- The Washington Times - Monday, May 30, 2005

ITALY

Pope reaches out to Orthodox Church

BARI — Pope Benedict XVI pledged yesterday to work to end Roman Catholicism’s 1,000-year-old rift with the Orthodox Church, delivering a message of healing on the first trip of his papacy.

Benedict flew by helicopter to the Adriatic port of Bari, home to the relics of St. Nicholas of Myra, a fourth-century saint popular among both Roman Catholics and Orthodox Christians.

At a Mass there, the pope said he was committed “to work, with all my energy, toward reconstituting the full and visible unity of Christ’s followers.”

SUDAN

Children seek food from U.N. chief

RUMBEK — U.N. Secretary-General Kofi Annan said yesterday that he would press donors to meet aid pledges for southern Sudan after he was confronted by a stark message on the urgent need for food on his first visit to the war-battered region.

“Kofi, no food, hunger imminent,” read a banner held up by a small group of children on the roadside as his convoy passed through Rumbek, the southern bastion of former rebel leader John Garang.

Donors promised $4.5 billion to bolster a recent peace deal at a conference in Oslo in April, but aid workers say donors are failing to send food needed to avert the south’s worst hunger crisis since a 1998 famine in which at least 60,000 persons died.

INDONESIA

Al Qaeda suspected in two bomb blasts

JAKARTA — Twin bomb blasts that killed 22 persons in a Christian town in eastern Indonesia bore the hallmarks of a regional militant group linked to al Qaeda, the vice president and a senior police official said yesterday.

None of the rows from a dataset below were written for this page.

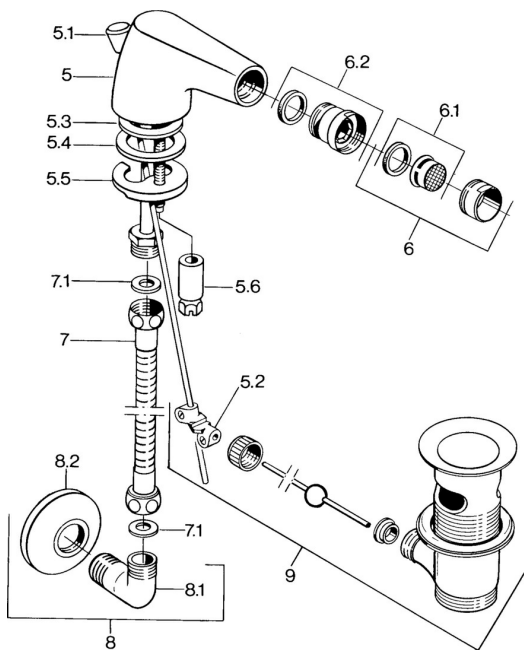

EAN: 4015474573840
static.hansa.com/0584310092

Náhradní díly

SP058431000050

	Název	Kód
5.2	Spojovací díl táhel	59904624
5.3	O-kroužek, 42x3.5	59904764
5.4	Těsnění, 48x33.5x2	59902283
5.5	Upevňovací deska	59904765
5.6	Šroub, M8x1, SW13	59904766
6	Aerator, M24x1 STD CC A Ušlechtilá mosaz Ukončeno	59906580
6	Aerator, M24x1 STD HC A Chrom	59902366
6	Aerator, M24x1 A Bílá Ukončeno	59905419
6.1	Aerator, M22/24 A	59902081
6.2	Kulový kloub, M24x1	59904920
7	Hadice, L=400 Ukončeno	59902584
7.1	Těsnění, 18.5x12.2x1.5	59902313
9	Vypouštěcí ventil Ušlechtilá mosaz Ukončeno	59906734
9	Vypouštěcí ventil Chrom	59904620
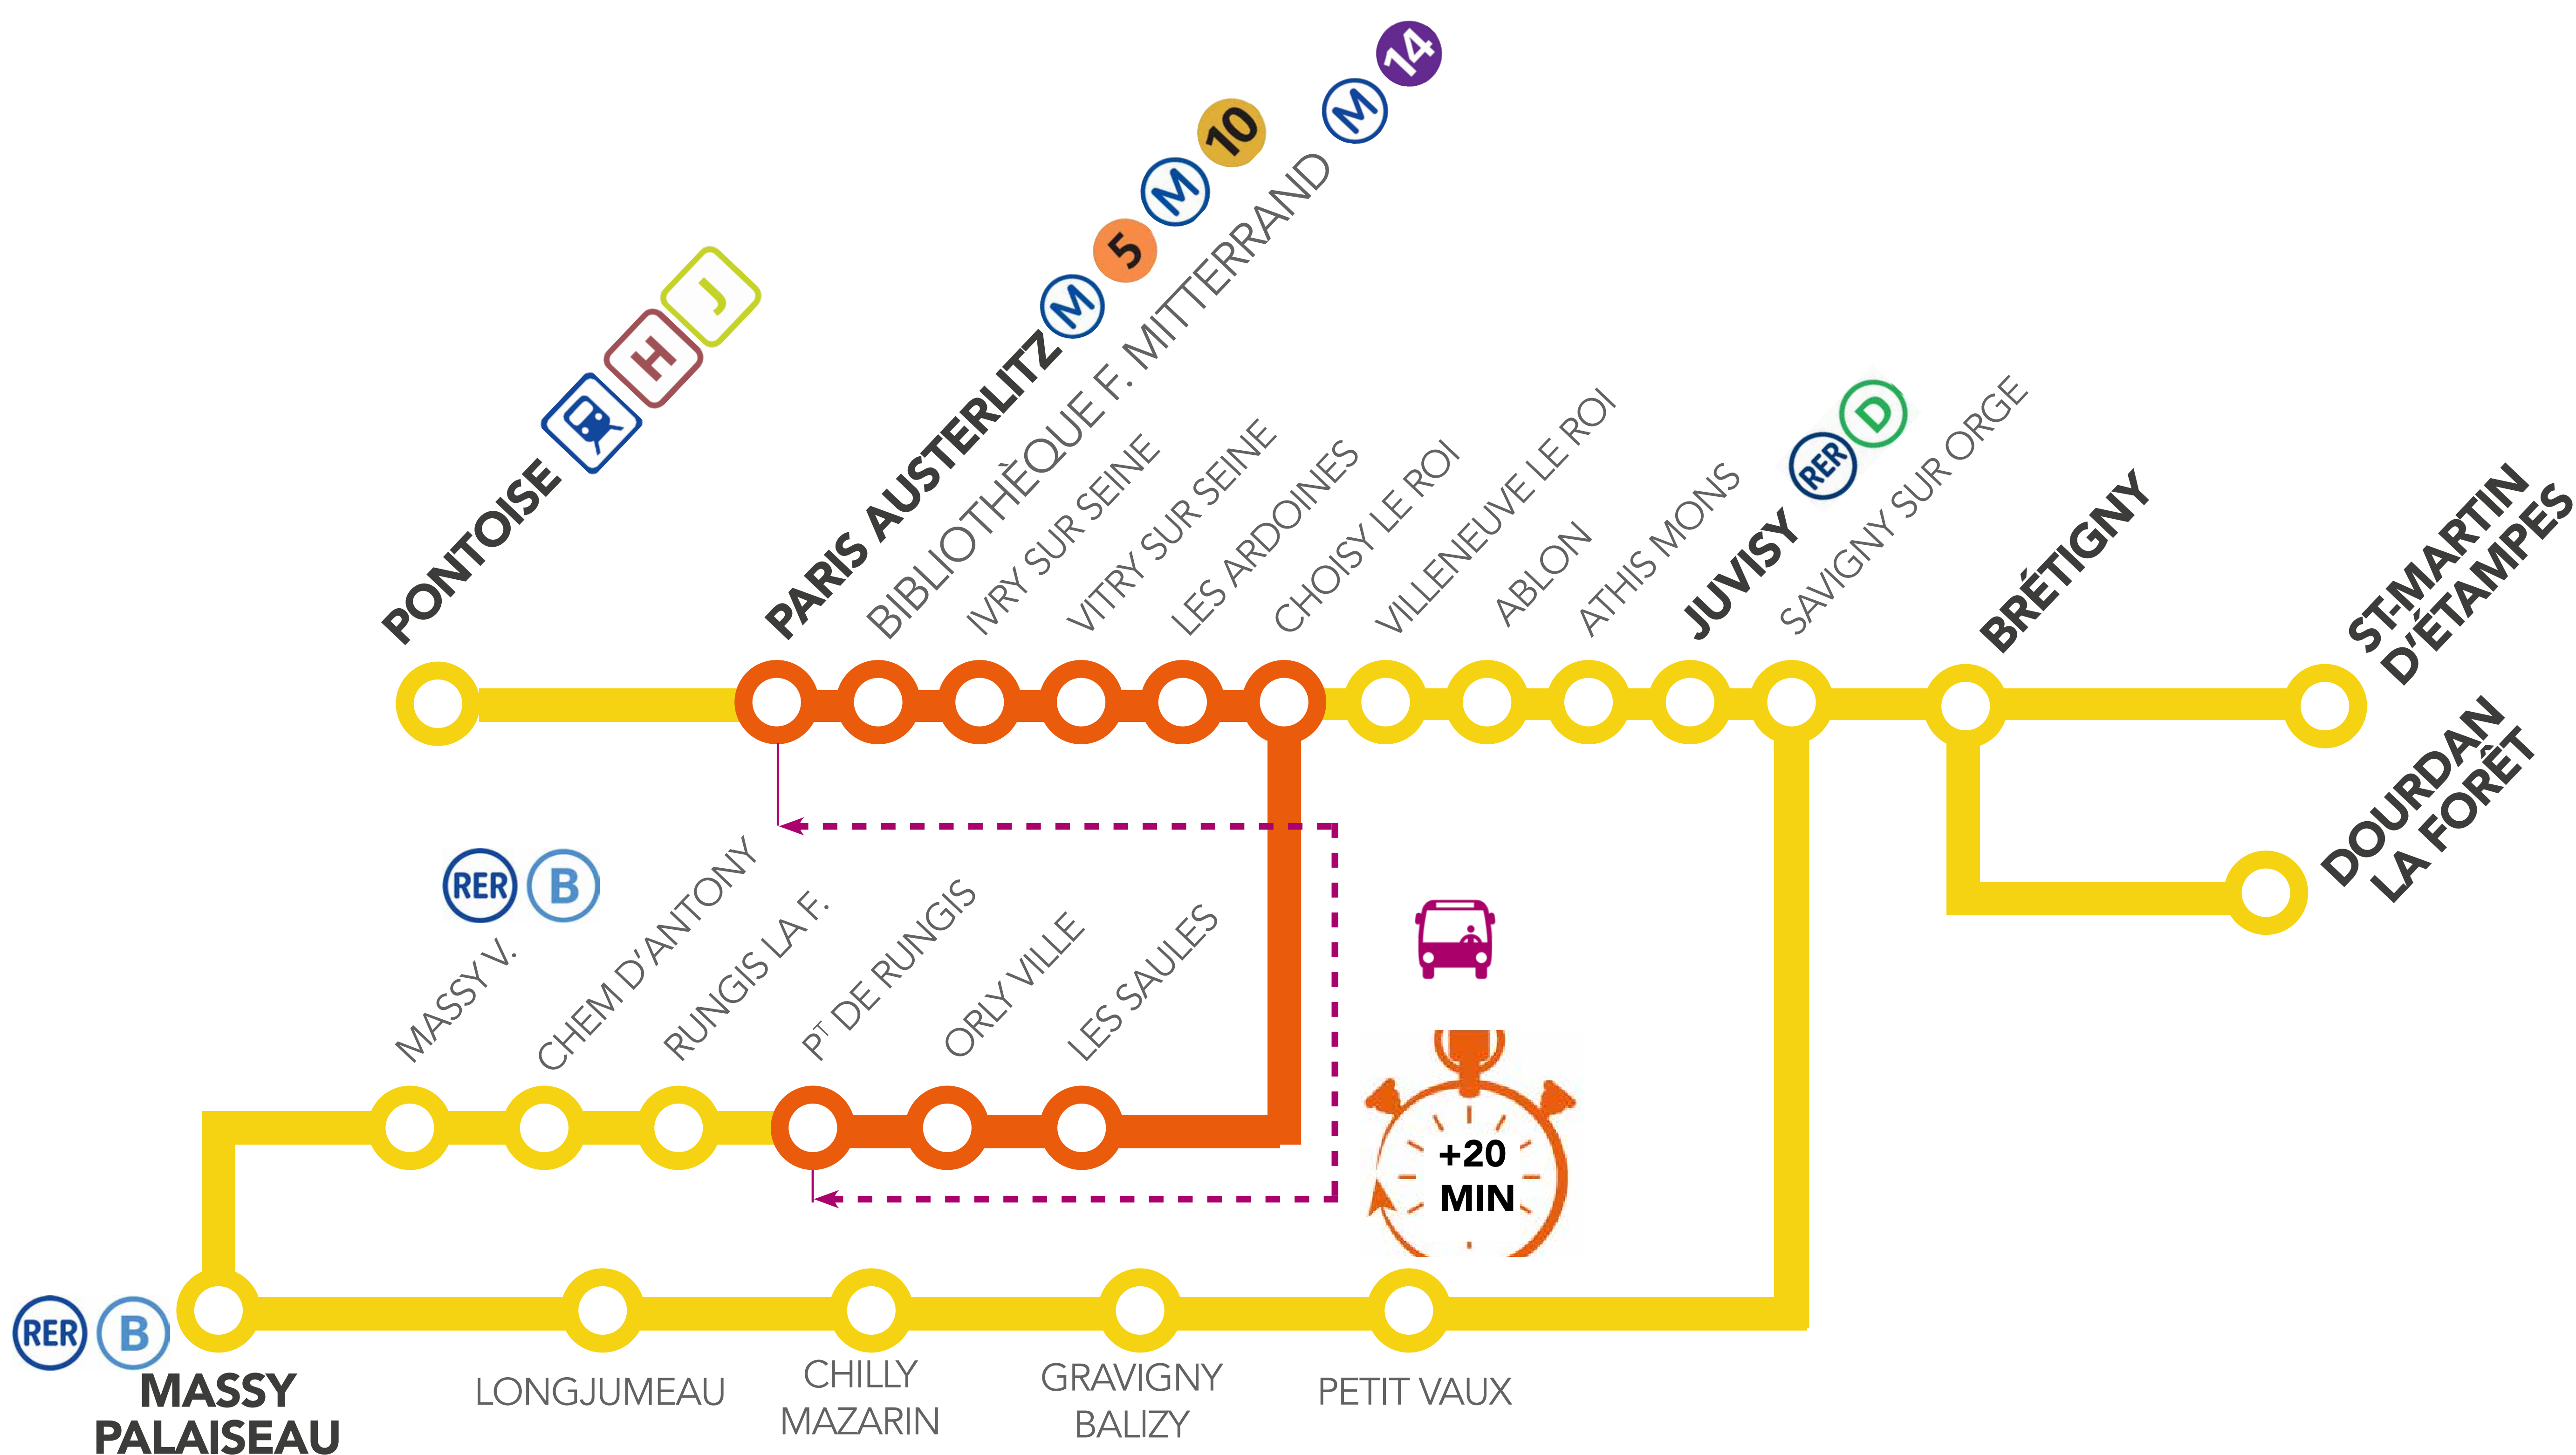

TRAVAUX DE SOIRÉES DU LUNDI AU VENDREDI, DU 15 FÉVRIER AU 04 MARS 2016

AUCUN TRAIN À PARTIR DE 22H30 ENTRE PARIS AUSTERLITZ <=> PONT DE RUNGIS

Retrouvez les horaires de vos trains et bus de substitution au dos du flyer distribué en gare et sur le site TRANSILIEN.COM

Travaux de modernisation du poste d'aiguillage d'Orly.

Axes impactés par les travaux

Circulation normale

Bus de substitution mis en place
Les horaires des bus sont donnés à titre indicatif et sont soumis aux aléas routiers

Allongement du temps de parcours
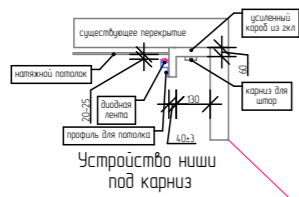

Карниз Ogas Decor C394 Steps, цвет белый

Карниз Ogas Decor C395 Steps, цвет синий

Условные обозначения

- встраиваемый точечный светильник
- трековый светильник
- люстра
- неоновая вывеска
- накладной точечный светильник
- диодная лента
- эл. вывод
- бра
- выключатель одноклавишный
- выключатель двухклавишный

Примечание:

1. Все привязки даны в мм.
2. Привязки даны относительно осей выключателя или блока выключателей.
3. Выключатель или блок выключателей расположить на высоте 900 мм, если не указано иное.
4. Выключатель или блок выключателей расположить горизонтально, если не указано иное.
5. Выключатель А включается одновременно с принудительной вытяжкой. Таймер на 30 секунд после включения света и 5 минут после выключения света.

						Москва Ерино ЖК Елкинс		
Изм	Кодч	Лист	№Док	Подп	Дата			
						Дизайн-проект двухкомнатной квартиры		
						Стадия	Лист	Листов
						Р	15	20
						Схема включения светильников 1:50		
						Дизайн-студия The Mint Fox
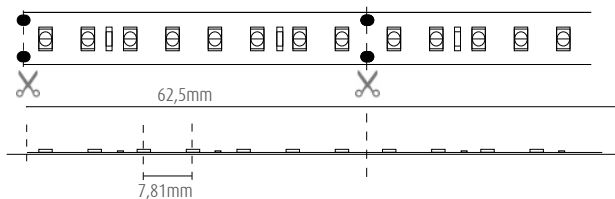

INTERASSE LED E PASSO DEL TAGLIO 8 LED (11,5W)
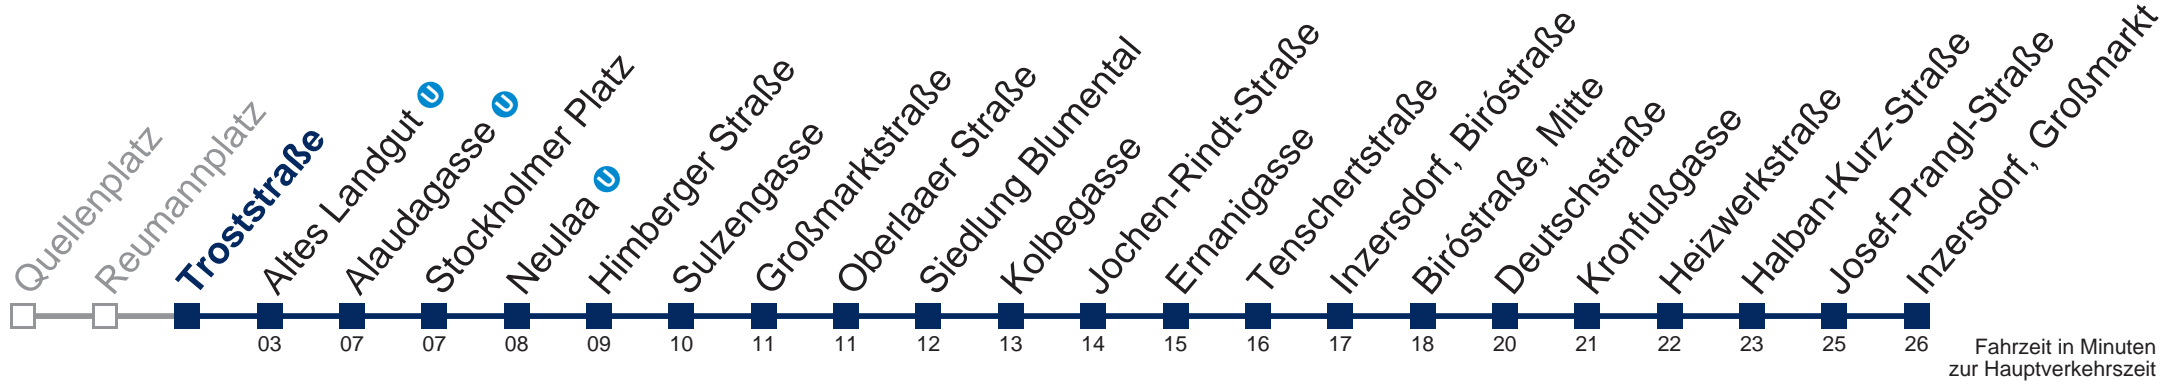

N67 Inzersdorf, Großmarkt

Montag bis Freitag

- 1 19 51
- 2 21 51
- 3 21 51
- 4 21 51
- 5 10

Samstag, Sonn- und Feiertag

kein Betrieb

Von 31.12. auf 1.1. kein Betrieb. Bitte benutzen Sie den Silvesternachtverkehr.

Kaufen Sie Ihre Tickets bequem mit der WienMobil-App.
Buy your tickets easily via our WienMobil app.

Auskunft Servicetelefon 01/7909 100
Änderungen vorbehalten
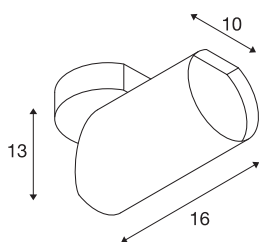

## BILAS 1

Настенный и потолочный светильник, точечный, однорожковый, светодиодный, 2700К, круглый, матовый белый, 25°, 16 Вт, розетка в комплекте

Точечный настенный и потолочный светильник BILAS имеет скромный и элегантный дизайн. Благодаря мощным COB-светодиодам с регулировкой яркости светильник может использоваться в самых разных помещениях. Встраиваемый одно-, двух- и трехрожковый светильник можно напрямую подключать к сети напряжением 230 В.

## Технические характеристики

Тов. №	156421
IP Code	IP 20
Сборка	Накладной
Детали сборки	Потолок, Стена
С регулировкой яркости	Да
Технология регулирования яркости	Фазовая отсечка
Номинальное первичное напряжение	220-240V ~50/60Hz
Класс защиты	I
Мощность	16 W
Световой поток	1000 lm
Цветовая температура	2700 Kelvin
Половинный угол	25 °
Цвет	белый
CRI	80
LXXVXX Данные	L70B50
Срок службы	50000 h
Распределение силы света	с симметрией относительно оси вращения
Световое отверстие	прямой
Высота	20 cm
Диаметр	10 cm
Вес нетто	1.016 kg

вес брутто	1.22 kg
------------	---------
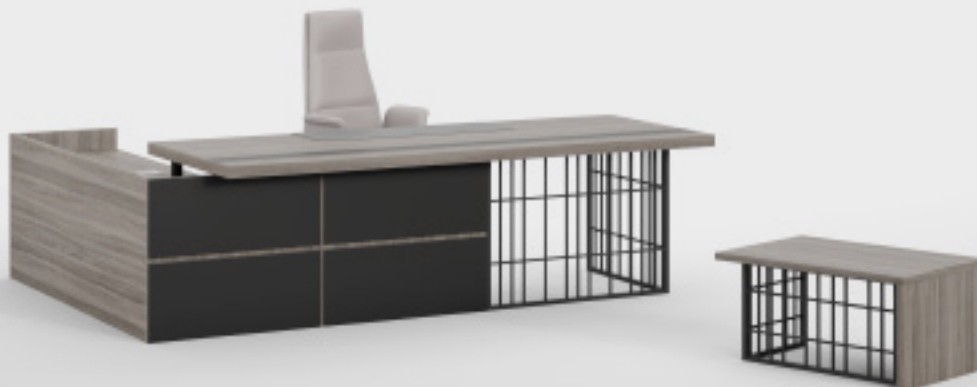

Panel: M.Antique Walnut/Black **Metal:** Black
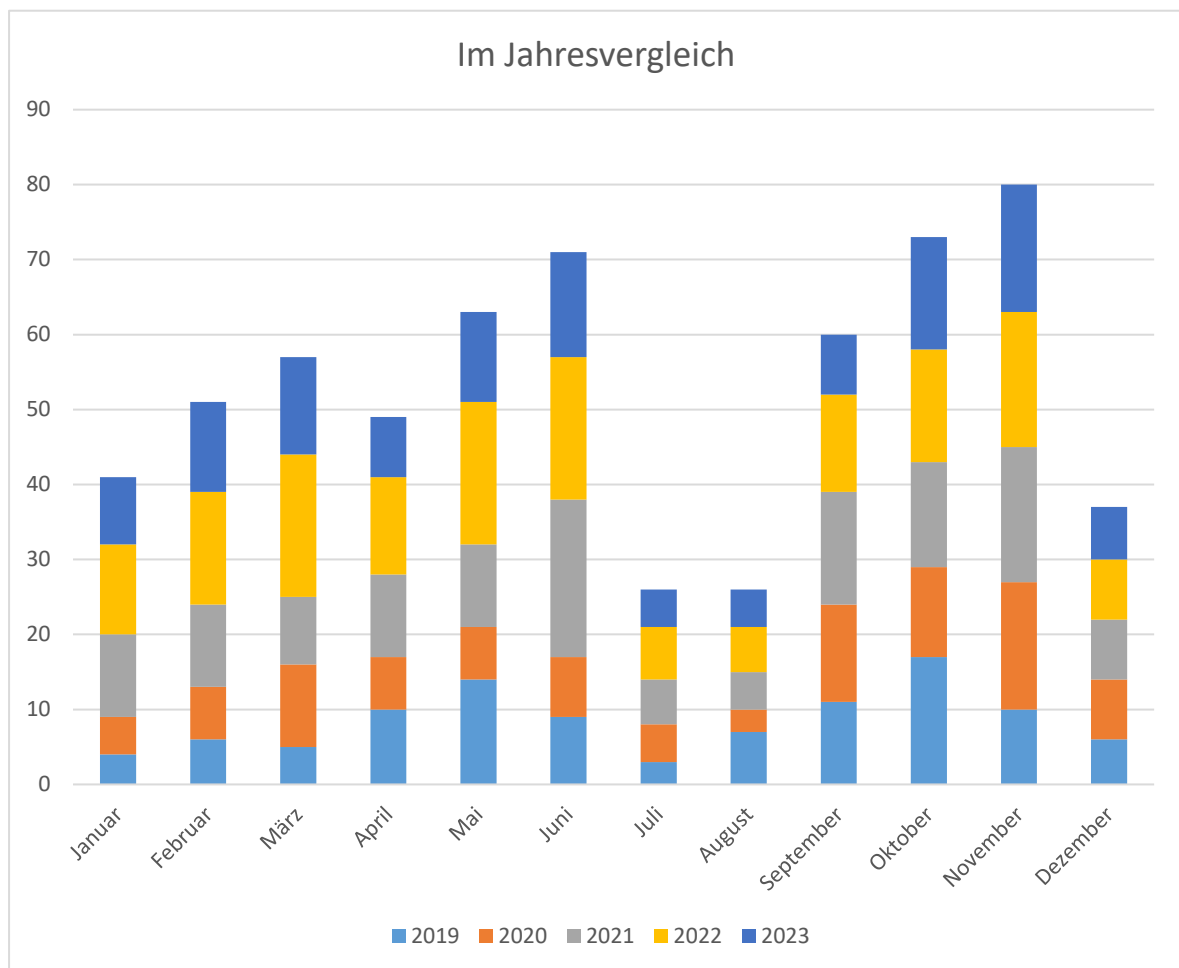

Veranstaltungs- und Teilnehmendenstatistik der Evangelischen Akademie zu Berlin

2023 und Jahresvergleich 2019 - 2023

Anzahl Veranstaltungen inklusive Absagen

Format

Ein- / mehrtägige Veranstaltungen

Verteilung nach Monaten

Teilnehmende

Teilnehmende gesamt 2023 = 8984
Die Teilnehmerzahlen sind teilweise geschätzt.

Altersstruktur

Die Altersangabe ist freiwillig. Bei Anmeldung über den Kooperationspartner haben wir nur die Teilnehmendenzahlen und keine weiteren Daten.

Geschlechterverteilung

Die steigende Anzahl an Teilnehmenden ohne Angabe ergibt sich aus einer steigenden Anzahl von Veranstaltungen, bei denen die Anmeldung nicht bei uns erfolgt.

Wohnort

About 50 people were wounded in the blasts on Saturday in the lakeside town of Tentena on the eastern island of Sulawesi, the worst bombings in Indonesia since the 2002 Bali attacks that killed 202 persons.

Vice President Jusuf Kalla said the bombings were similar to those carried out by Jemaah Islamiah, a shadowy militant group seen as the regional arm of al Qaeda.

ROMANIA

U.S. base comment gets general fired

BUCHAREST — A senior Romanian general has been removed from his job after telling reporters that Romania would provide U.S. forces with bases near the Black Sea, the Defense Ministry said yesterday.

Gen. Valeriu Nicut, head of the strategic planning division for the Romanian general staff, said on Wednesday after an international military conference on security issues that the U.S. would set up two military bases in Romania within a year.

But Gen. Nicut “had no mandate to speak to the press on the issue of bases,” Defense Ministry spokesman Cristinel Ghiga said. “There is no accord on this issue with the American state.”

SAUDI ARABIA

Chest X-rays show King Fahd improving

RIYADH — King Fahd was recovering from the pneumonia that sent him to the hospital last week, a hospital official said, citing chest X-rays taken yesterday.

The king’s condition was “stable and improving” and his temperature was back to normal but he remains in intensive care, said the official at the King Faisal Specialist Hospital and Research Center in Riyadh, the capital.

Fahd was hospitalized on Friday for unspecified medical tests. Concerned Saudis have closely followed health updates on the king, thought to be 82, who allied his country with the United States.